Some nights, you turn in Wonderboy and turn to Wonder Bread.
Ask B.J. Upton.
Call it an omen, but before Game 1 of the World Series, this actually happened: Upton donated the bat he used to terrorize the ALDS and ALCS (seven homers, 15 RBIs) to the Baseball Hall of Fame in Cooperstown.
Did they send that overnight or can he get it back?
Upton's lost Wednesday night - 0-for-4, two double plays, one strikeout - was only one piece in a puzzle that didn't quite fit as the Rays lost to the Phillies, 3-2.
This was the team that tamed the AL and this was the center fielder who would have been ALCS MVP (four homers, many RBIs) if Matt Garza hadn't turned into Three-Finger Garza in Game 7 vs. Boston.
Some nights, the magic doesn't work.
And so Upton and his team are underdogs again.
"We don't know how to be favorites," Rays reliever Trever Miller said before the Series. Wednesday, the Rays went out and proved it.
They didn't have enough to beat the Phillies, who had too much Cole Hamels and way too much bullpen. We don't know which was more problematic, Hamels' seven innings or the six up, six down shutdown that followed.
Back to B.J. He hit into a pair of double plays, including one of the bases-loaded variety, in his first two Series at-bats. I'm sure there's a baseball stat nut (in an adult diaper) who can tell us that no man has ever hit into two DPs his first two Series at-bats.
Did we mention few Rays, save for Carl Crawford (HR) and Aki Iwamura (RBI double) did much, either?
The Rays stranded but three runners. Upton stranded all of those.
We understand that first double play, which Upton hit into in his first Series at-bat, presumably because, like the rest of us, he was dabbing his eyes after that moving national anthem by the Backstreet Boys. Is it too late to get Roseanne?

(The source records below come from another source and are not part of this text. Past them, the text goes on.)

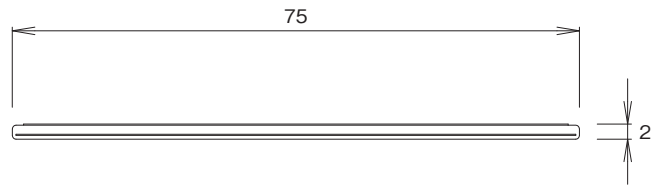

メタカラーSK巾木シリーズ

SK-60×2グレー  
ヤクSK-60グレー

SK-75×2グレー  
ヤクSK-75グレー

SK-100×2グレー  
ヤクSK-100グレー

SK-120×2グレー  
ヤクSK-120グレー
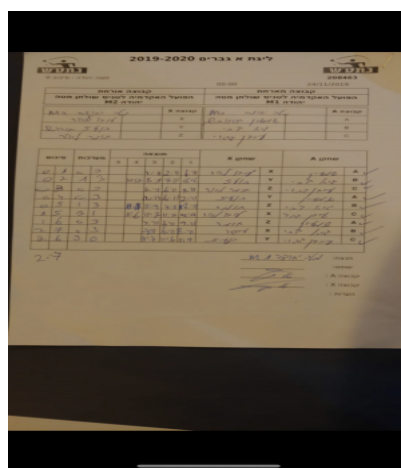

קבוצה אורחת			קבוצה מארחת		
הפועל האקדמיה לטניס שולחן מטה יהודה M2			הפועל האקדמיה לטניס שולחן מטה יהודה M1		
הפועל האקדמיה לטניס שולחן מטה יהודה M2		קבוצה X	הפועל האקדמיה לטניס שולחן מטה יהודה M1		קבוצה A
עידו לאור	571	X	שמעון רבינוביץ	869	A
בועז תירוש	2825	Y	גיא צבי	188	B
תומר לאור	583	Z	עידן גראי	557	C

סכום	מערכות	תוצאה					שחקן X	שחקן A				
		5	4	3	2	1						
0	1	0	3			4/11	2/11	6/11	עידו לאור	X	שמעון רבינוביץ	A
0	2	1	3		10/12	8/11	7/11	18/16	בועז תירוש	Y	גיא צבי	B
0	3	0	3			6/11	6/11	9/11	תומר לאור	Z	עידן גראי	C
0	4	0	3			12/14	6/11	2/11	בועז תירוש	Y	שמעון רבינוביץ	A
0	5	1	3		8/11	11/9	7/11	8/11	תומר לאור	Z	גיא צבי	B
1	5	3	1		11/6	11/7	11/5	10/12	עידו לאור	X	עידן גראי	C
1	6	0	3			4/11	7/11	9/11	תומר לאור	Z	שמעון רבינוביץ	A
1	7	0	3			7/11	6/11	8/11	עידו לאור	X	גיא צבי	B
2	7	3	0			11/7	11/6	11/9	בועז תירוש	Y	עידן גראי	C
2	7											
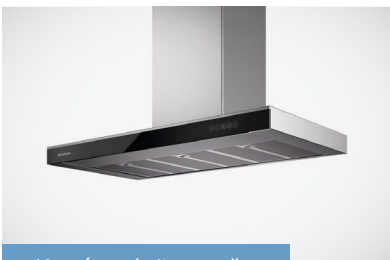

Komínová digestoř

ONYX-T X/V A90

AKČNÍ MOC **25 260 Kč** >
PŮVODNÍ MOC 27 760 Kč
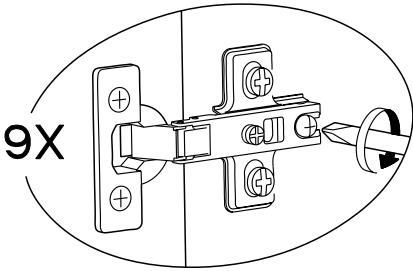

Faites un geste pour l'environnement en triant vos déchets d'emballage
Make a gesture for the environment by sorting out your waste of packaging
Machen Sie eine Bewegung für die Umwelt, ihre Verpackungsabfälle sortierend
Haga un gesto para el medio ambiente escogiendo sus residuos de embalaje

- (F) REGLAGE (GB) ADJUSTING (E) AJUSTER (I) AGGIUSTAMENTO
  (D) ANPASSUNG (P) REGULACAO (NL) AFSTELLING

Phillies second baseman Chase Utley, thoroughly unmoved, hit a two-run homer off Scott Kazmir in the first inning and Philadelphia never trailed after that, though Rays pitchers were commendable. Go ask Ryan Howard (three K's).
Back to Upton. His second double play came an inning after he threw a strike to nail Shane Victorino at the plate. But in the third, with bags full and the Rays still down 2-0, he did it again, 5 to 4 to 3.
"It was kind of a momentum-changer for us," Hamels said.
Upton later fouled to first with Iwamura on second, as Phillies first baseman Ryan Howard reached across docile Rays fans for the grab. If Carlos Pena tries that in Philly, he'll lose an arm.
In another nice touch, some fair-weather goob Rays fans left in the ninth, you know, before Phillies closer Brad Lidge struck out Pena and Evan Longoria on six straight sliders and got Crawford to pop to third.
The day before the Series began, a Cheese Steaky TV guy asked one Ray what he thought about the notion that the Phillies might welcome playing the Rays instead of the Red Sox.
"Beware," B.J. Upton said. "We're going to play."
Does anyone have the area code for Cooperstown?